OBJECTION II e . Sur la seconde méditation. De la nature de l'esprit humain.

Je suis une chose qui pense : c'est fort bien dit. Car de ce que je pense ou de ce que j'ai une idée, soit en veillant, soit en dormant, l'on infère que je suis pensant : car ces deux choses, je pense et je suis pensant, signifient la même chose. De ce que je suis pensant, il s'ensuit que je suis, parce que ce qui pense n'est pas un rien. Mais où notre auteur ajoute, c'est-à-dire un esprit, une âme, un entendement, une raison : de là naît un doute. Car ce raisonnement ne me semble pas bien déduit, de dire Je suis pensant, donc je suis une pensée ; ou bien je suis intelligent, donc je suis un entendement. Car de la même façon je pourrois dire, je suis promenant, donc je suis une promenade.

M. Descartes donc prend la chose intelligente, et l'intellection qui en est l'acte, pour une même chose ; ou du moins il dit que c'est le même que la chose qui entend, et l'entendement, qui est une puissance ou faculté d'une chose intelligente. Néanmoins tous les philosophes distinguent le sujet de ses facultés et de ses actes, c'est-à-dire de ses propriétés et de ses essences ; car c'est autre chose que la chose même qui est, et autre chose que son essence ; il se peut donc faire qu'une chose qui pense soit le sujet de l'esprit, de la raison ou de l'entendement, et partant que ce soit quelque chose de corporel, dont le contraire est pris ou avancé, et n'est pas prouvé. Et néanmoins c'est en cela que consiste le fondement de la conclusion qu'il semble que M. Descartes veuille établir.

Au même endroit il dit : « Je connois que j'existe, et je cherche quel je suis, moi que je connois être. Or il est très certain que cette notion et connoissance de moi-même, ainsi précisément prise, ne dépend point des choses dont l'existence ne m'est pas encore connue. »
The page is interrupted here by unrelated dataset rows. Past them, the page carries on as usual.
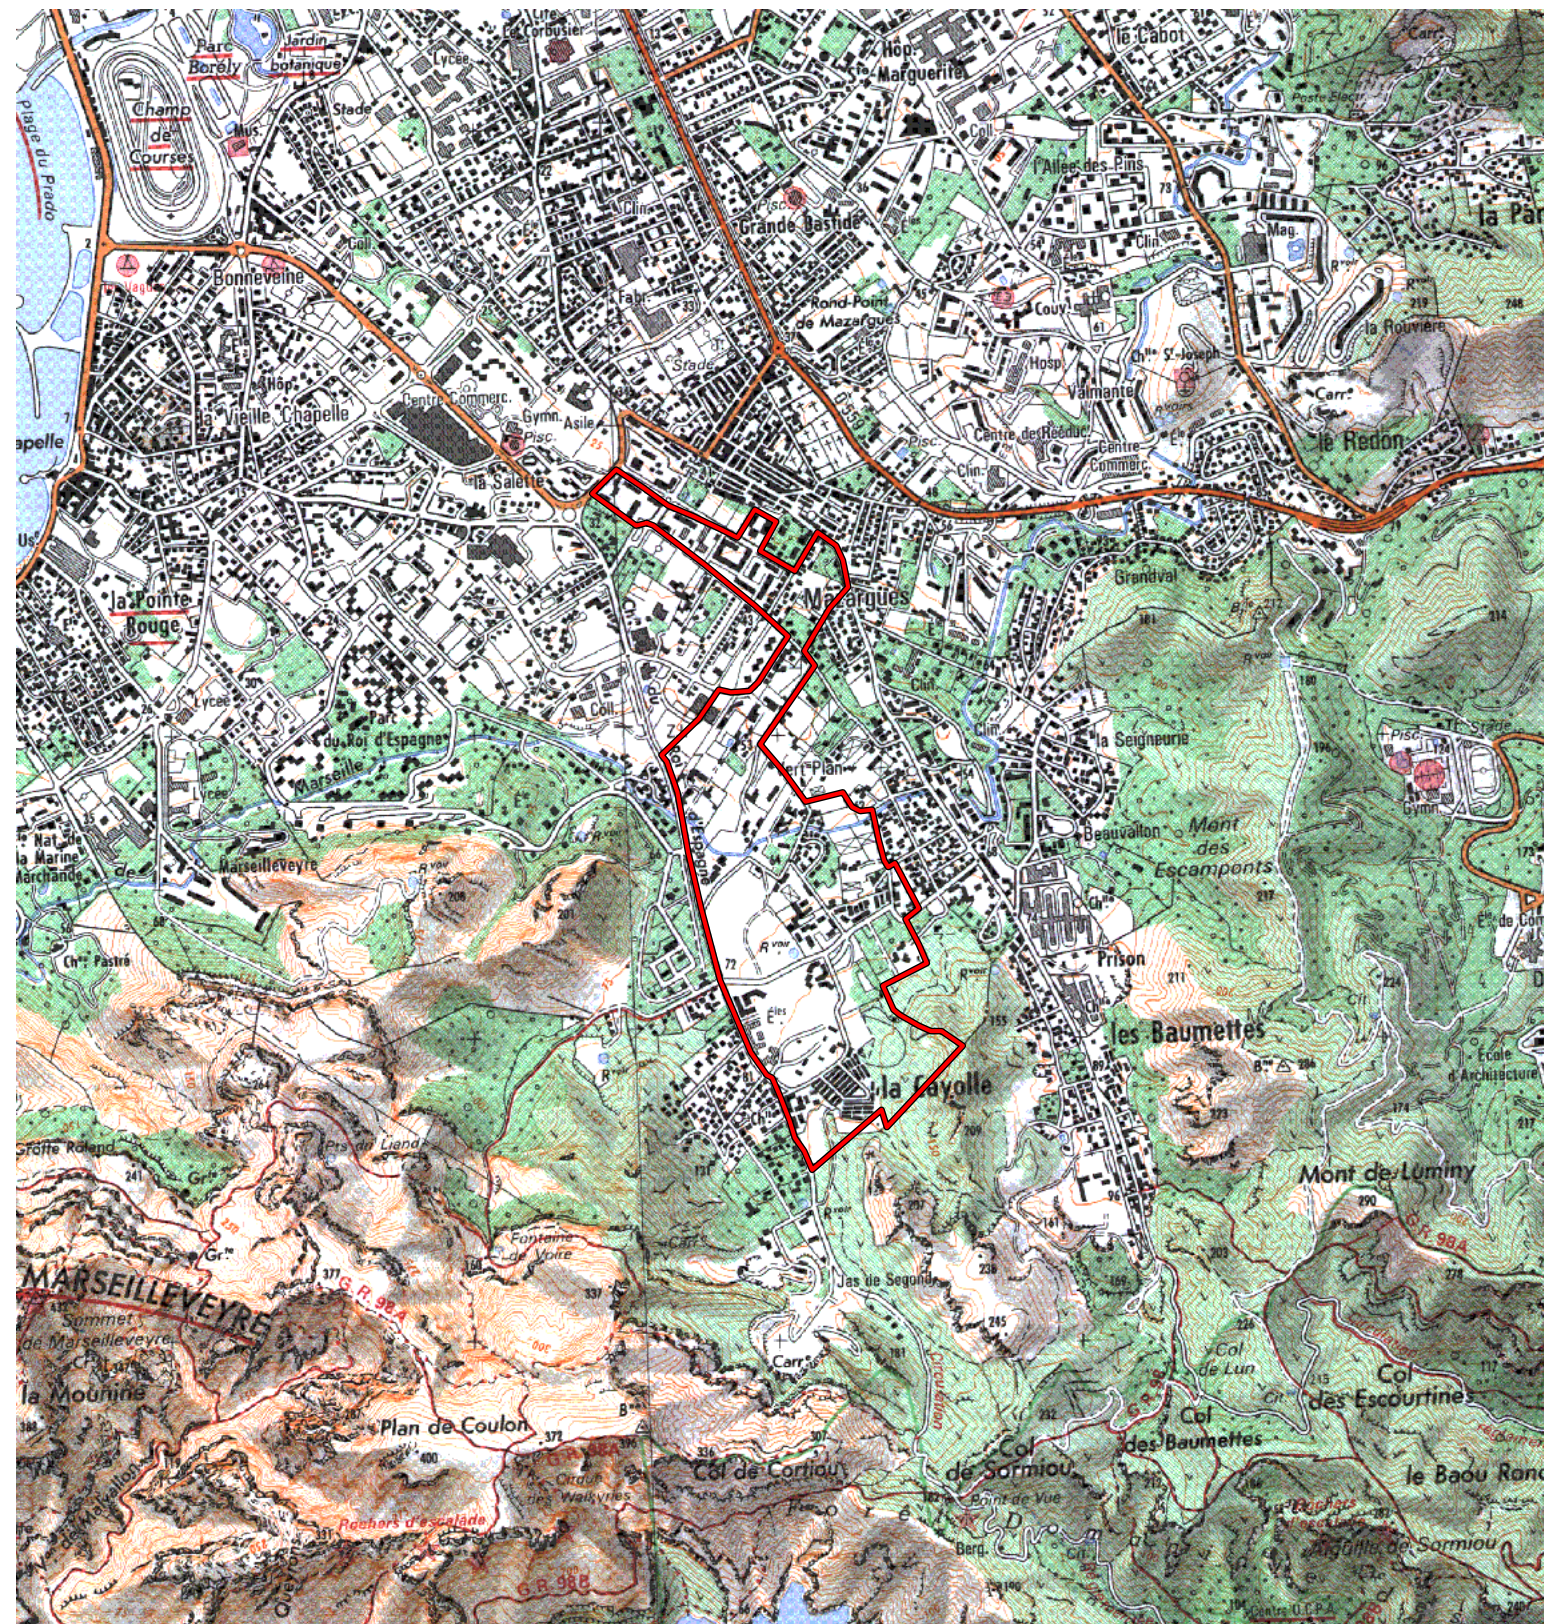

ZRU

Carte au 1/25000 visée à l'article 1
du décret n° 96-1157 du 26 Décembre 1996

Provence Alpes Côte d'Azur 93
Bouches du Rhône (13)

Commune : **Marseille 9e.**

ZRU: Les Hauts de Mazargues.

N° INSEE: 9305030

N° d'ordre : 58

La zone concernée est délimitée par un trait de couleur rouge.

Les documents relatifs aux délimitations rue par rue sont annexés à la présente carte.

(c) IGN 1/ 25000 Carte(s) :3145E (86)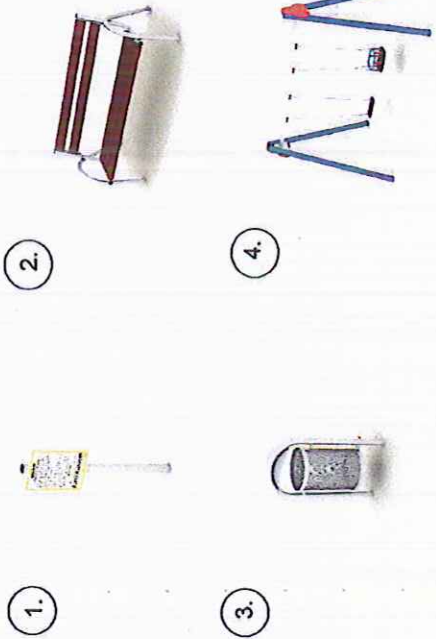

Lokalizacja:	Toruń, Chrobrego 13-19
Temat:	Koncepcja zagospodarowania placu urządzeniami zabawowymi
Inwestor:	Urząd Miasta Toruń
Projektant:	Agnieszka Słmad
Skala:	1: 250
Nr rysa:	1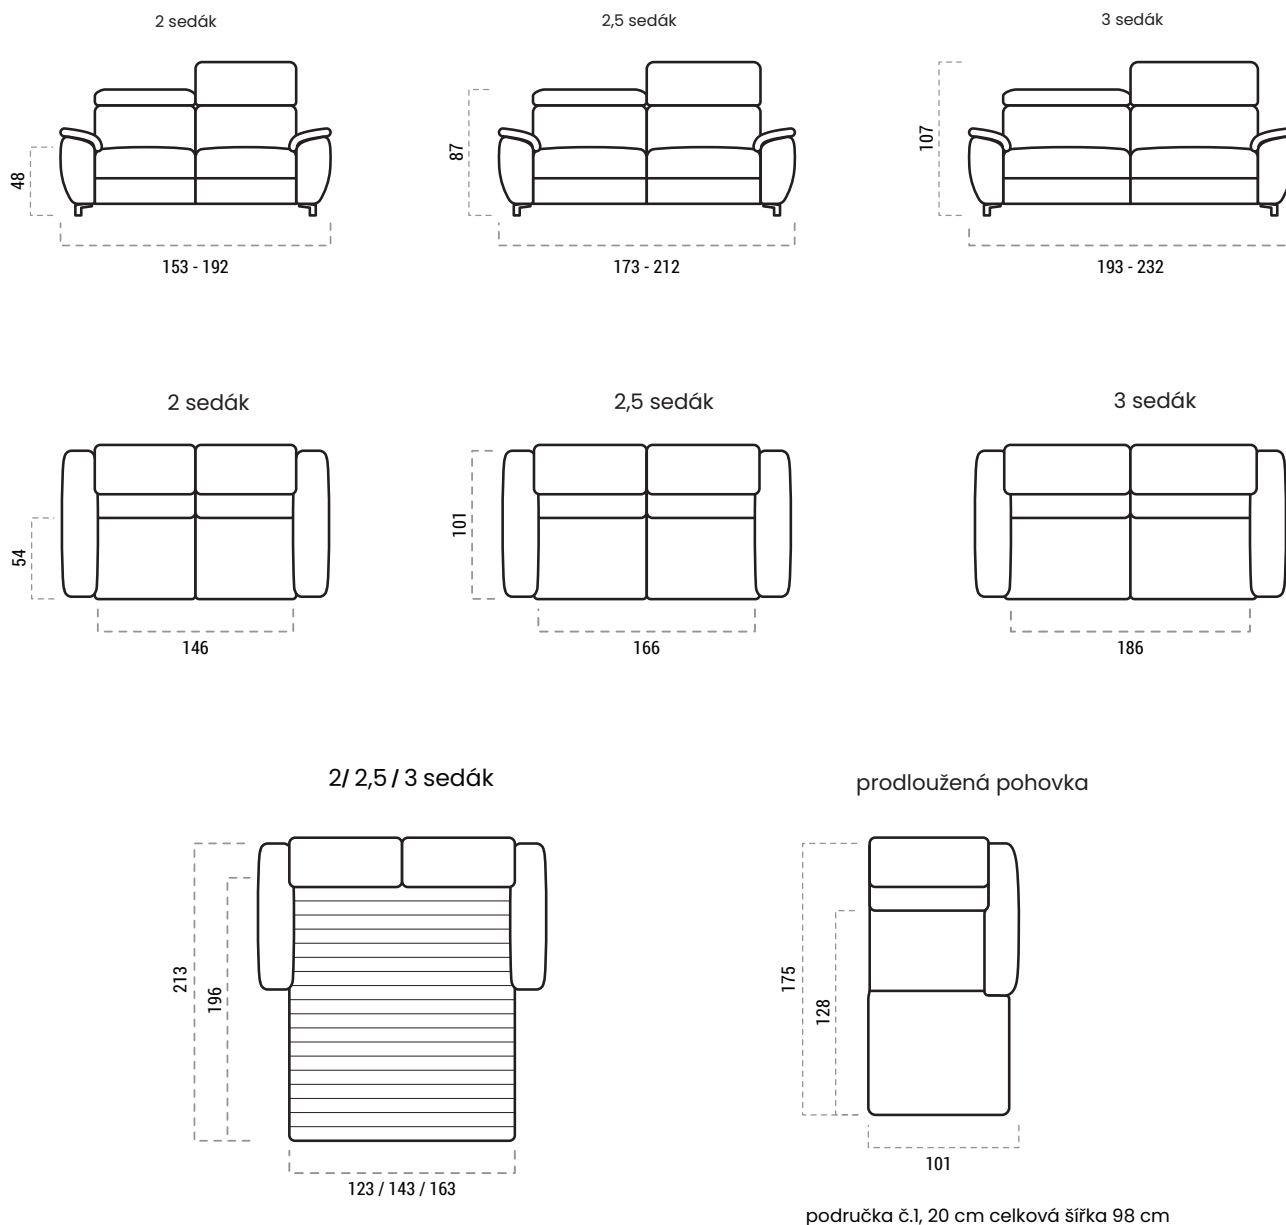

Flexibilní řešení

Sestavte si novou sedačku přesně podle svých představ a potřeb. Od soliterní dvou-pohovky až po velkorysou rodinnou sestavu ve tvaru písmene U – množství různých elementů a možností jejich uspořádání dávají příležitost model Candy maximálně personalizovat.

Materiály

Výběr potahových materiálů je široký. Vzhled pohovky totiž neurčuje jen tvar, ale také čalounění. Proto je k dispozici množství textilií různých barev a typů. Preferujete kůži? Vybrat si můžete také z více odstínů a typů kůže. To vám umožní dát vaší sedačce nezaměnitelný styl.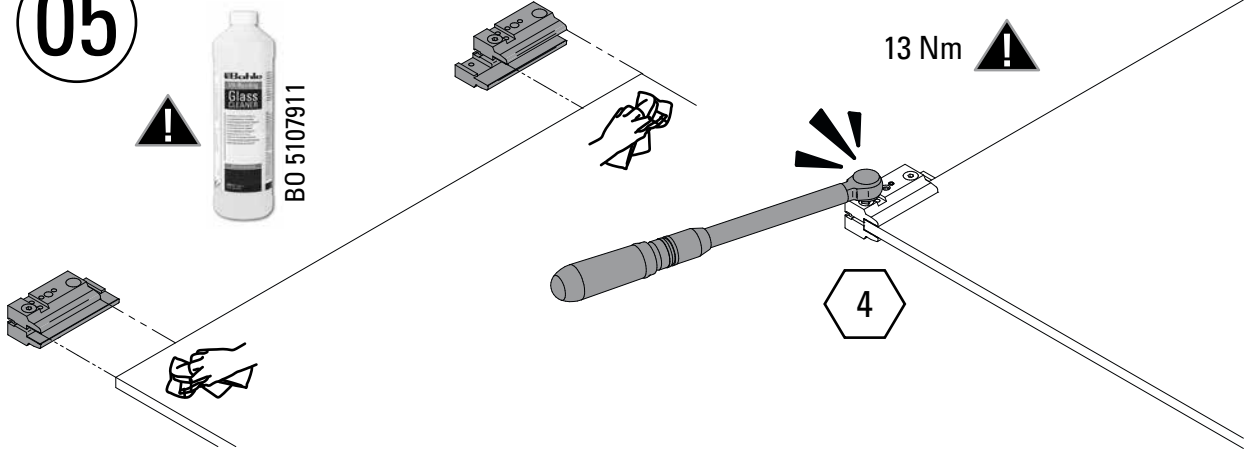

03

04

60 kg

80 kg

120 / 150 kg

05

Il est très certain que la connoissance de cette proposition, j'existe, dépend de celle-ci, je pense, comme il nous a fort bien enseigné : mais d'où nous vient la connoissance de celle-ci, je pense ? Certes, ce n'est point d'autre chose que de ce que nous ne pouvons concevoir aucun acte sans son sujet, comme la pensée sans une chose qui pense, la science sans une chose qui sache, et la promenade sans une chose qui se promène.

Et de là il semble suivre qu'une chose qui pense est quelque chose de corporel ; car les sujets de tous les actes semblent être seulement entendus sous une raison corporelle, ou sous une raison de matière, comme il a lui-même montré un peu après par l'exemple de la cire, laquelle, quoique sa couleur, sa dureté, sa figure, et tous ses autres actes soient changés, est toujours conçue être la même chose, c'est-à-dire la même matière sujette à tous ces changements. Or ce n'est pas par une autre pensée que j'infère que je pense : car encore que quelqu'un puisse penser qu'il a pensé, laquelle pensée n'est rien autre chose qu'un souvenir, néanmoins il est tout-à-fait impossible de penser qu'on pense, ni de savoir qu'on sait : car ce serait une interrogation qui ne finiroit jamais, d'où savez-vous que vous savez que vous savez que vous savez, etc. ?

Et partant, puisque la connoissance de cette proposition, j'existe, dépend de la connoissance de celle-ci, je pense, et la connoissance de, celle-ci de ce que nous ne pouvons séparer la pensée d'une matière qui pense, il semble qu'on doit plutôt inférer qu'une chose qui pense est matérielle qu'immatérielle.